> **What is being asked**:
Write out the data exactly as given, dropping every picture.

> **Provided entries**:
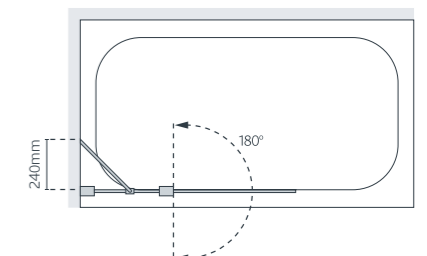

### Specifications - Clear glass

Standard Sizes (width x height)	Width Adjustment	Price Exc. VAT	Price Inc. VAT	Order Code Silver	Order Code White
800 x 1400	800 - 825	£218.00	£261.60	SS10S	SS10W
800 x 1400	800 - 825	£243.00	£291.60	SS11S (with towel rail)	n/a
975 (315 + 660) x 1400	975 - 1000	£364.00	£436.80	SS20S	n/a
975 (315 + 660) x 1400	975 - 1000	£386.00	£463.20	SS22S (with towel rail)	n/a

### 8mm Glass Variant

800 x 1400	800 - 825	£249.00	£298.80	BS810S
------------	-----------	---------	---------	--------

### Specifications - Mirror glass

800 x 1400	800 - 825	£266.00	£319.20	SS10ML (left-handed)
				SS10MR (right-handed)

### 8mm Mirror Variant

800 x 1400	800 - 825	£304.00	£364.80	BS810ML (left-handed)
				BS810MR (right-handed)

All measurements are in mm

> **Written answer**:
### Specifications - Clear glass

Standard Sizes (width x height)	Width Adjustment	Price Exc. VAT	Price Inc. VAT	Order Code Silver	Order Code White
800 x 1400	800 - 825	£218.00	£261.60	SS10S	SS10W
800 x 1400	800 - 825	£243.00	£291.60	SS11S (with towel rail)	n/a
975 (315 + 660) x 1400	975 - 1000	£364.00	£436.80	SS20S	n/a
975 (315 + 660) x 1400	975 - 1000	£386.00	£463.20	SS22S (with towel rail)	n/a

### 8mm Glass Variant

800 x 1400	800 - 825	£249.00	£298.80	BS810S
------------	-----------	---------	---------	--------

### Specifications - Mirror glass

800 x 1400	800 - 825	£266.00	£319.20	SS10ML (left-handed)
				SS10MR (right-handed)

### 8mm Mirror Variant

800 x 1400	800 - 825	£304.00	£364.80	BS810ML (left-handed)
				BS810MR (right-handed)

All measurements are in mm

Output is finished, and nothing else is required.